The current study is the first ever to focus on the capabilities, opportunities and motivation of family caregivers when providing hearing support to LTCH residents with dementia. The triangulation of exploratory results from both quantitative and qualitative approaches provides insight and lays the groundwork for future research. Although the data were collected during the COVID-19 lockdown period, we argue that the results are still relevant today. For example, residents with dementia continue to have complex health needs that are likely to be deprioritised compared to hearing loss, home-based audiology assessments are still not routine and many people with dementia continue to struggle with traditional hearing aids. At the time of publication of this study, face masks were not mandatory in UK care homes.
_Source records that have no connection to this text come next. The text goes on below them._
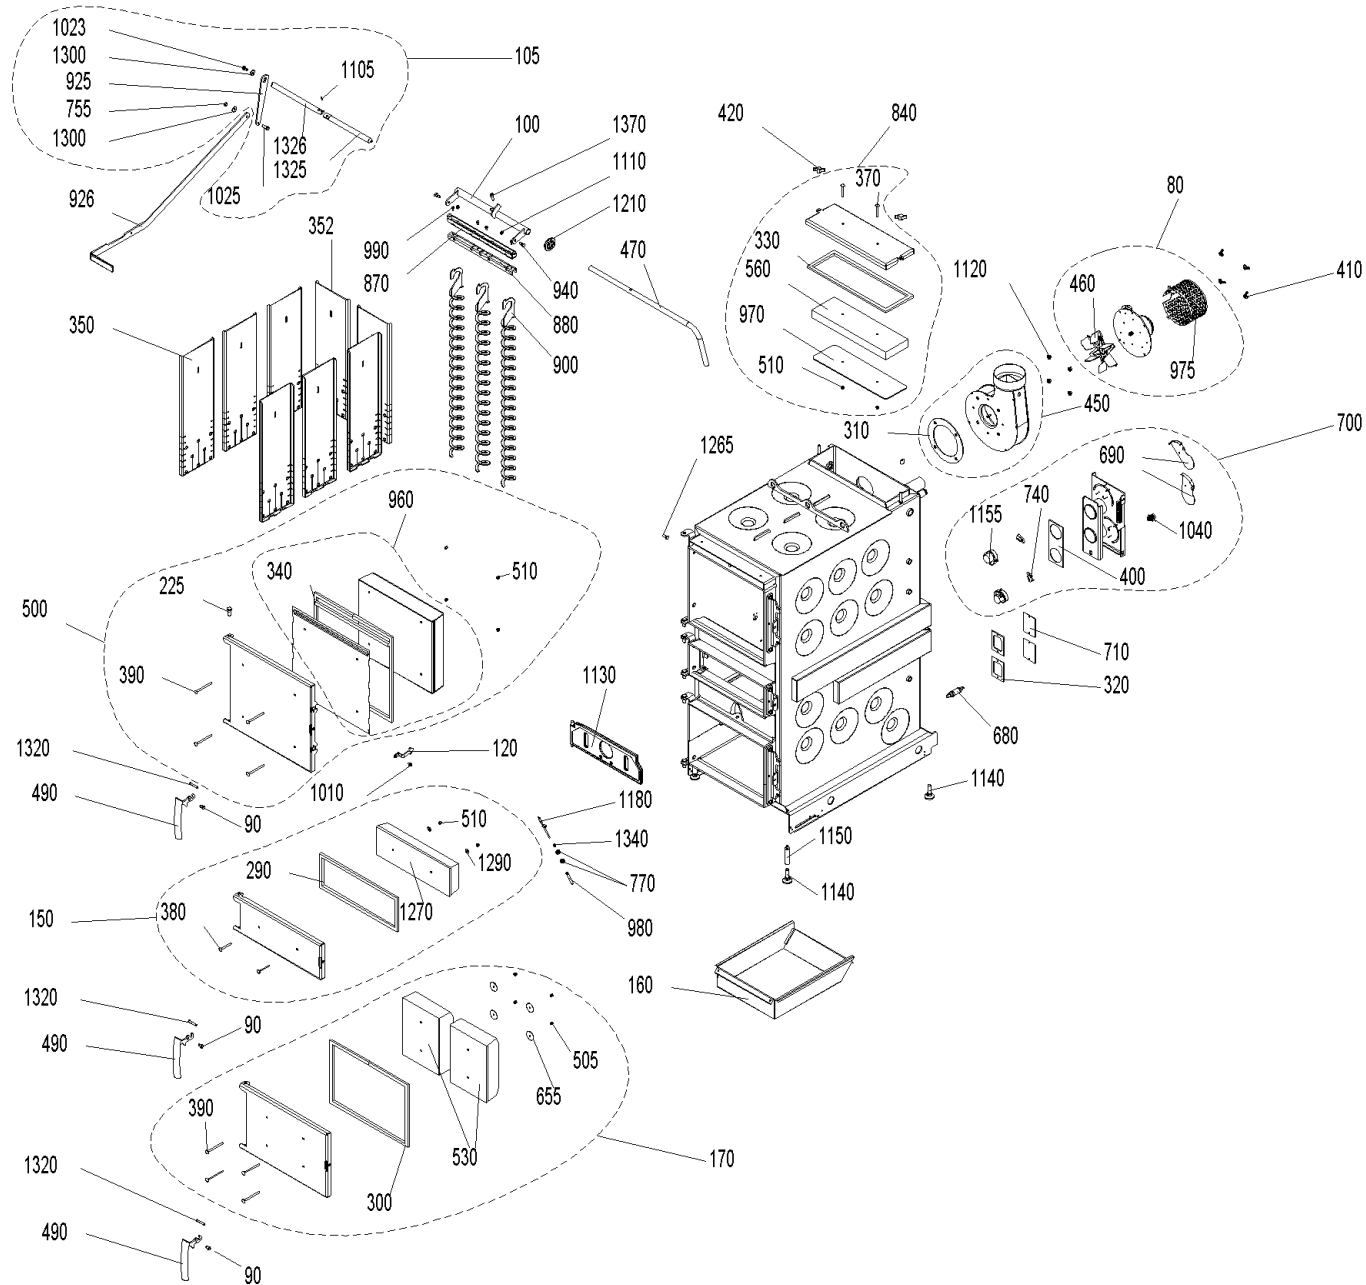

## Kessel (A000137)

Pos.	Artikelnr.	Bezeichnung	Menge	Einheit
70	504195	JW-010 Abgasfühler-Set mit Schutzrohr zur Abgastemperaturanzeige	1.00	Stk
80	051661	Abgasgebläse kpl. LWK, LWPT, PW24-60	1.00	Stk
90	048881	Achse für Türgriff LWK18-30, LWPT18-50, BW2/BW2T 10-33, BWL/BW2P/BWA 10-26	2.00	Stk
100	045754	Achse für Heizflächenreinigung LWP50, LWPT36-50	1.00	Stk
120	052728	Anlüftsicherungshaken rot LWPT	1.00	Stk
150	051564	Anzündtür kpl. LWK, LWPT	1.00	Stk
160	045419	Aschelade lack. LWP18-50, LWK, EWK/P18, LWPT	1.00	Stk
170	051563	Aschetür kpl. LWK, LWPT180-505	1.00	Stk
225	033104	Türlagerbolzen DIN1444 12X32	1.00	Stk
290	046267	Dichtung (16x10x1170mm) Anzündtür LWP18-50, LWK, LWPT	1.00	Stk
300	046268	Dichtung (16x10x1480mm) Aschetür LWP18-50, LWK, LWPT,	1.00	Stk
310	050825	Dichtung für Gebläse LWK, LWPT, PW24-60	1.00	Stk
320	009378	Dichtung Luftschaftabdeckg. Sek.L/Prim.L LWP18-50, EWK/P180, LWK, LWPT,	4.00	Stk
330	054139	Dichtung für Reinigungsdeckel LWPT	1.00	Stk
340	051568	Dichtungsset für Heiztür LWK, LWPT	1.00	Stk
350	045431	Einhängeblech LWP180-505, LWPT	6.00	Stk
352	045737	Einhängeblech hinten LWP36-50, LWPT36-50	3.00	Stk
370	016178	Flachrundschraube M6x55 DIN603, ISO8677 schw.verz. EWK180, LWK, LWPT	2.00	Stk
380	016186	Flachrundschraube M6x60 schw.verz.	2.00	Stk
390	016190	Flachrundschraube M6x90	4.00	Stk
400	009305	Flanschdichtung (3mm) LWP18-50, LWK, LWPT	1.00	Stk
410	019410	Flügelmutter DIN315 - M6	4.00	Stk

However, face masks are likely to be reintroduced during future epidemics and pandemics to protect staff, residents and visitors against infections. It may be beneficial to repeat this study now that lockdown is over. This would likely result in facemasks being less of an issue because they are not worn as often. However, we would expect the remaining results to be replicated.
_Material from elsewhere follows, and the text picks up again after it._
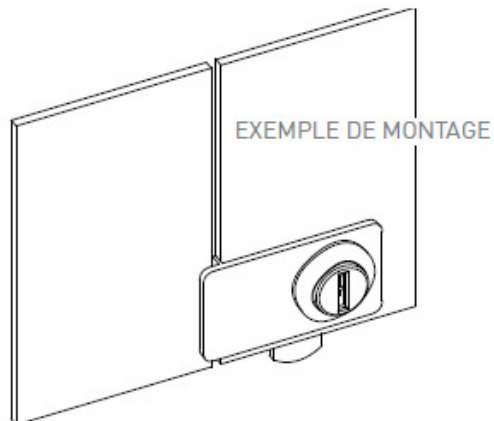

Serrure pour portes en verre

2916-021 CR

We have previously studied the capabilities, opportunities and motivations of care staff in providing hearing support [20,36]. However, we are yet to include the views of residents which is a limitation. As researchers were not permitted to enter LTCHs at the time of COVID-19 restrictions, face-to-face interviews with residents were not possible. Furthermore, barriers highlighted in this study regarding videocalls with people with dementia and hearing loss precluded our ability to involve them in remote interviews. Logically, the next stages would involve a similar study with residents themselves.
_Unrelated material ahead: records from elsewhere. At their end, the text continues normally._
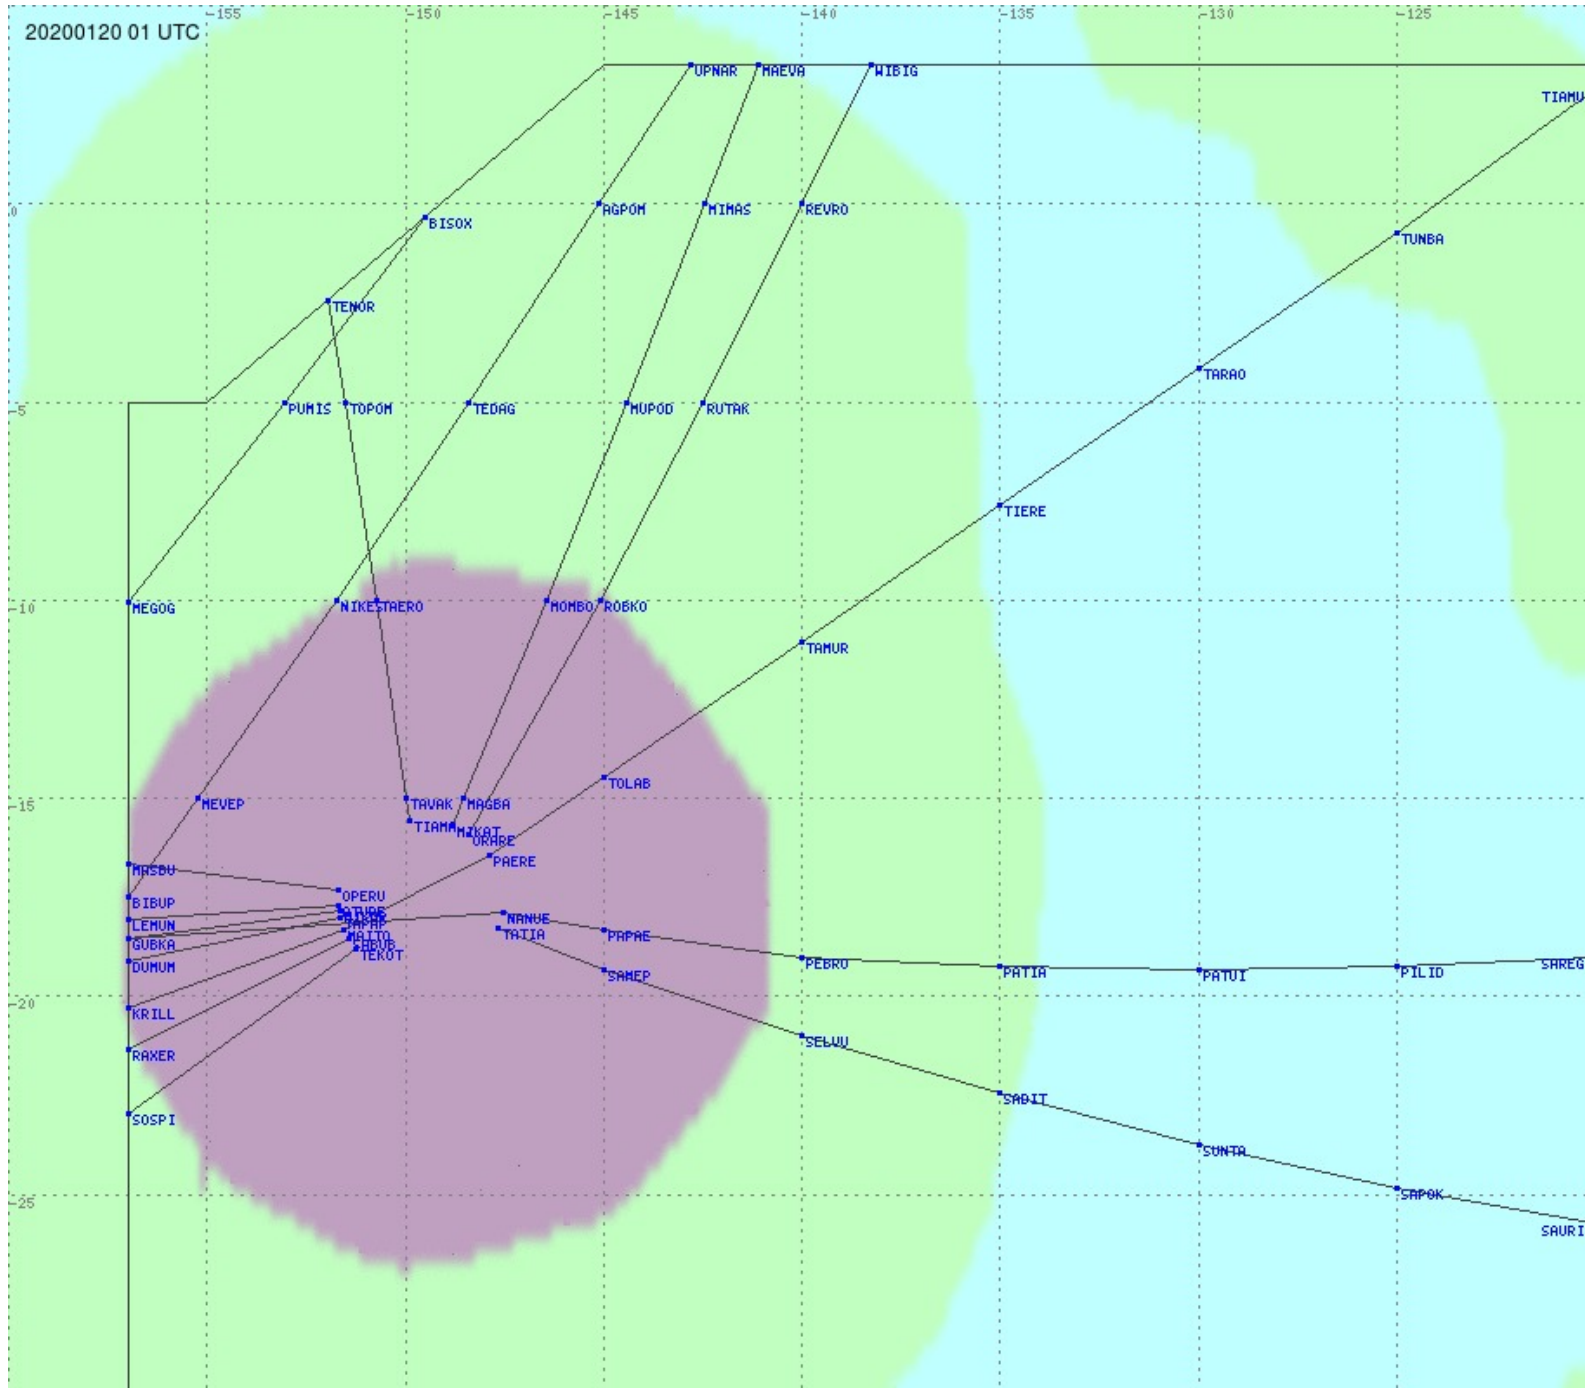

Tahiti FIR - HF Propag - 20200120

2.8 MHz 3.5 MHz 5.6 MHz 8.9 MHz 13.3 MHz 17.9 MHz None

Tahiti FIR - HF Propag - 20200120

2.8 MHz 3.5 MHz 5.6 MHz 8.9 MHz 13.3 MHz 17.9 MHz None

Tahiti FIR - HF Propag - 20200120

Tahiti FIR - HF Propag - 20200120

2.8 MHz
3.5 MHz
5.6 MHz
8.9 MHz
13.3 MHz
17.9 MHz
None

Tahiti FIR - HF Propag - 20200120

Tahiti FIR - HF Propag - 20200120

Tahiti FIR - HF Propag - 20200120

Tahiti FIR - HF Propag - 20200120

2.8 MHz
3.5 MHz
5.6 MHz
8.9 MHz
13.3 MHz
17.9 MHz
None

Tahiti FIR - HF Propag - 20200120

Tahiti FIR - HF Propag - 20200120

Tahiti FIR - HF Propag - 20200120

Tahiti FIR - HF Propag - 20200120

Tahiti FIR - HF Propag - 20200120

Tahiti FIR - HF Propag - 20200120

Tahiti FIR - HF Propag - 20200120

2.8 MHz 3.5 MHz 5.6 MHz 8.9 MHz 13.3 MHz 17.9 MHz None

Tahiti FIR - HF Propag - 20200120

2.8 MHz
3.5 MHz
5.6 MHz
8.9 MHz
13.3 MHz
17.9 MHz
None

A further limitation is the small sample size who took part in the interviews. A larger number of interview participants may have resulted in additional themes or prominent domains. In addition, the small sample size for the survey and interview stages may have had an impact on the generalisability of the findings, especially as all interview participants were White British females and the study sample is therefore not representative of all family caregivers. Again, data collection during COVID-19 limited the recruitment of LTCH stakeholders. In future, LTCH research should be mindful to involve family caregivers, as well as care staff, to develop our understanding of their role in providing hearing support to residents. It may also be beneficial to conduct a similar study with family caregivers of people with other long-term health conditions, who would benefit from hearing support.

Conclusions

Qualitative exploration highlights difficulties in psychological capability (knowledge), reflective motivation (optimism) and physical opportunity (environmental context & resources). Quantitative investigation also supports the need for improvement in these domains. However, further study would be beneficial to investigate family’s physical capability, social opportunity and automatic motivation, specifically. Providing hearing support to residents with dementia can be challenging. Interventions involving family caregivers if they wish, should be multi-component, ideally through education about hearing devices and implications of untreated hearing loss, providing clear face masks when necessary and early establishment of caregiver responsibilities.

Acknowledgements

We thank the family caregivers who took the time to take part in this research.

Disclosure statement

No potential conflict of interest was reported by the author(s).

Additional information

Funding

This work was supported by the Alzheimer’s Society, UK [grant 403, AS-PhD-17b-006, to H.C.]; the National Institute for Health and Social Care Research (NIHR) Manchester Biomedical Research Centre [BRC-1215-20007, to R.M., C.J.A., and P.D.]; the NIHR Greater Manchester Patient Safety Research Collaboration (to C.J.A.); I European Union’s Horizon 2020 research and innovation program [Grant 668648 to I.L., P.D. and C.J.A.]; and The Global Brain Health Institute (to I.L.).